Data under study START
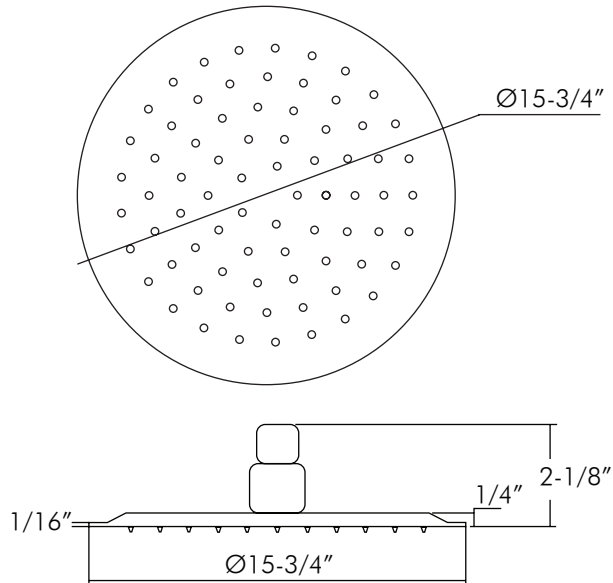

D-1240-BN

SHOWER HEADS **SERIES**

FEATURES

- Silicone Nozzles
- Stainless steel body
- Size $\text{Ø} 15\text{-}3/4\text{'}$ x D $2\text{-}1/8\text{'}$
- Shower arm not included
- Brushed nickel finish

For parts or sale requirements
please contact our customer service department:
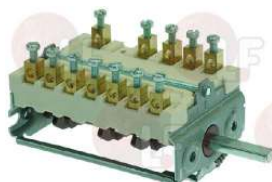

BERTO'S 22049800

3057092 SELECTOR SWITCH 0-6 POSITIONS
contact capacity 16A 250V - max 150°C
D-shaft ø 6x4.6 mm
for Kitchen electric (KÜPPERSBUSCH) - Series FEH
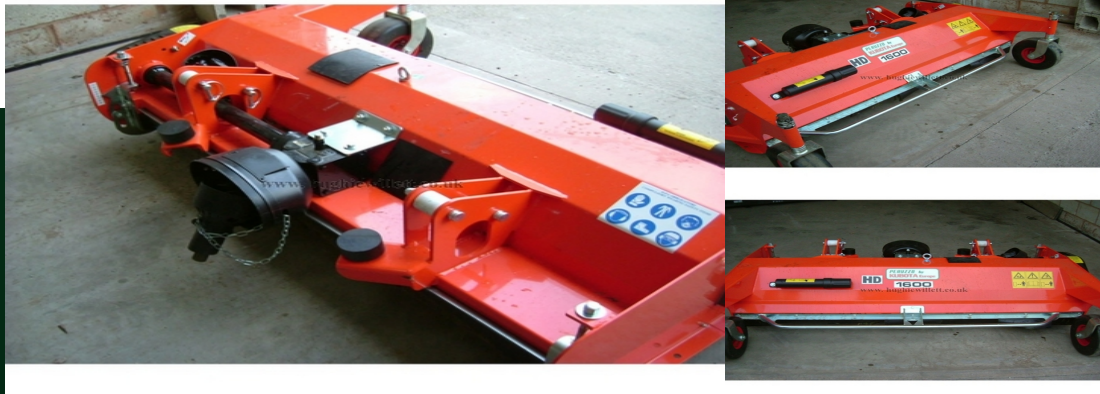

Kubota Flail Mower, To Fit Kubota F3680, Kubota F3890.

£ 4,500

📍 Sutton Coldfield, West Midlands

hughewillett2

0121 3081262

Ex Demo Kubota 1600 out-front flail mower to fit Kubota F3890 / F3680 Working width 160 cm
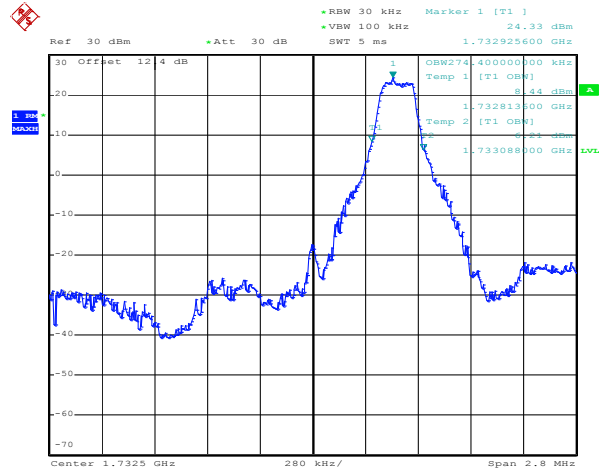

Band 4

Bandwidth 3M

Date: 21.DEC.2011 05:42:57

8RB Size, RB Offset 4, QPSK

Date: 21.DEC.2011 05:43:23

8RB Size, RB Offset 4, 16QAM

Date: 21.DEC.2011 03:07:30

15RB Size, RB Offset 0, QPSK

Date: 21.DEC.2011 03:08:17

15RB Size, RB Offset 0, 16QAM

Band 4

Bandwidth 1.4M

Date: 21.DEC.2011 03:36:49

1RB Size, RB Offset 0, QPSK

Date: 21.DEC.2011 03:37:05

1RB Size, RB Offset 0, 16QAM

Date: 21.DEC.2011 03:37:33

1RB Size, RB Offset 5, QPSK

Date: 21.DEC.2011 03:37:56

1RB Size, RB Offset 5, 16QAM

Band 4

Bandwidth 1.4M

Date: 21.DEC.2011 03:38:40

3RB Size, RB Offset 2, QPSK
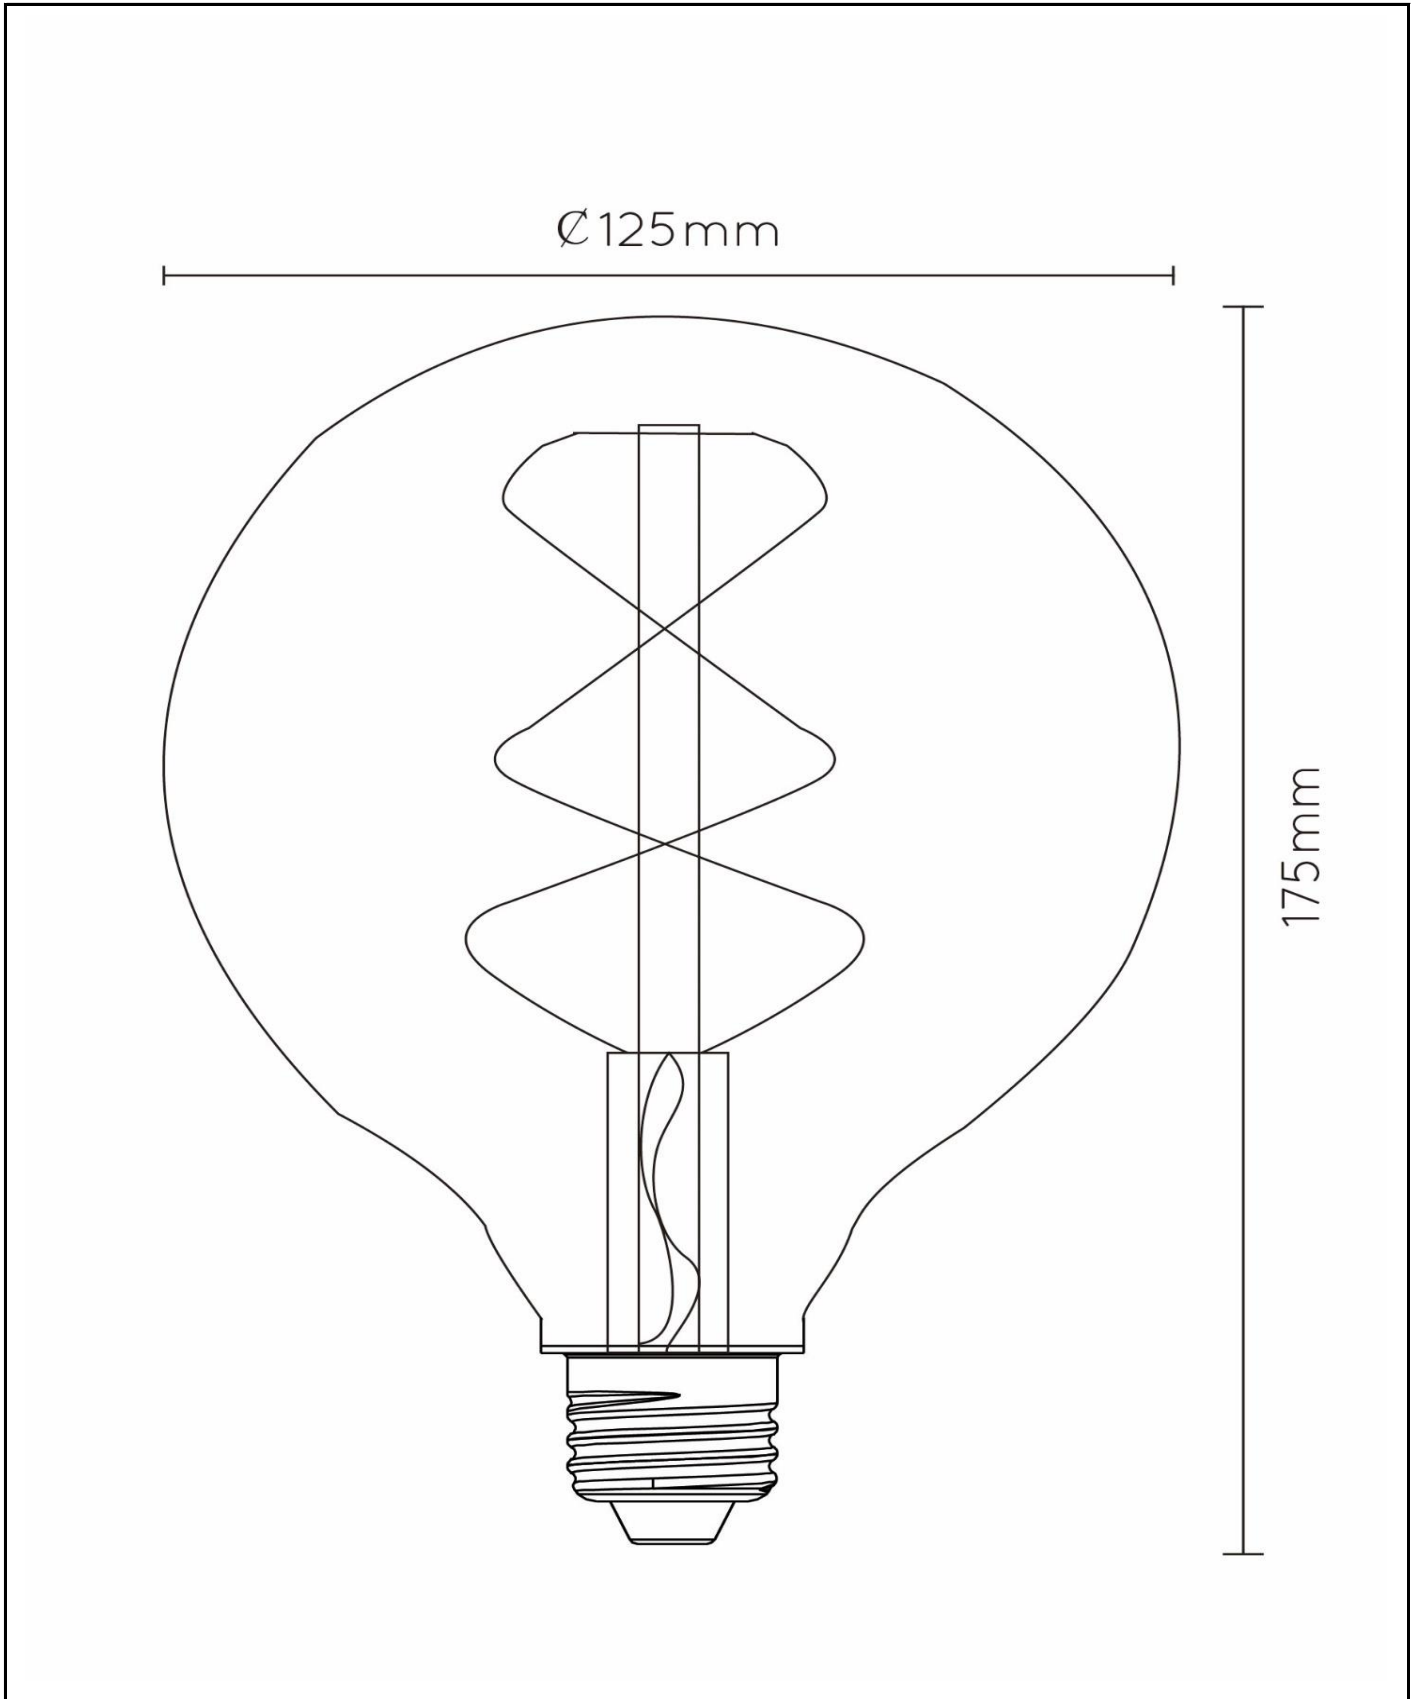

G125 Class A

Item number: 49083/07/60
EAN code: 5411212491831

For more specifications or dimensions of this product please visit
www.lucide.com
Data under study END
● Problem description
Output verbatim the lines beginning at the line with "Date: 21.DEC.2011 03:36:49" and ending at the last line of the material above, inclusive. Do not carry over any pictures.

● Answer to this problem
Date: 21.DEC.2011 03:36:49

1RB Size, RB Offset 0, QPSK

Date: 21.DEC.2011 03:37:05

1RB Size, RB Offset 0, 16QAM

Date: 21.DEC.2011 03:37:33

1RB Size, RB Offset 5, QPSK

Date: 21.DEC.2011 03:37:56

1RB Size, RB Offset 5, 16QAM

Band 4

Bandwidth 1.4M

Date: 21.DEC.2011 03:38:40

3RB Size, RB Offset 2, QPSK

G125 Class A

Item number: 49083/07/60
EAN code: 5411212491831

For more specifications or dimensions of this product please visit
www.lucide.com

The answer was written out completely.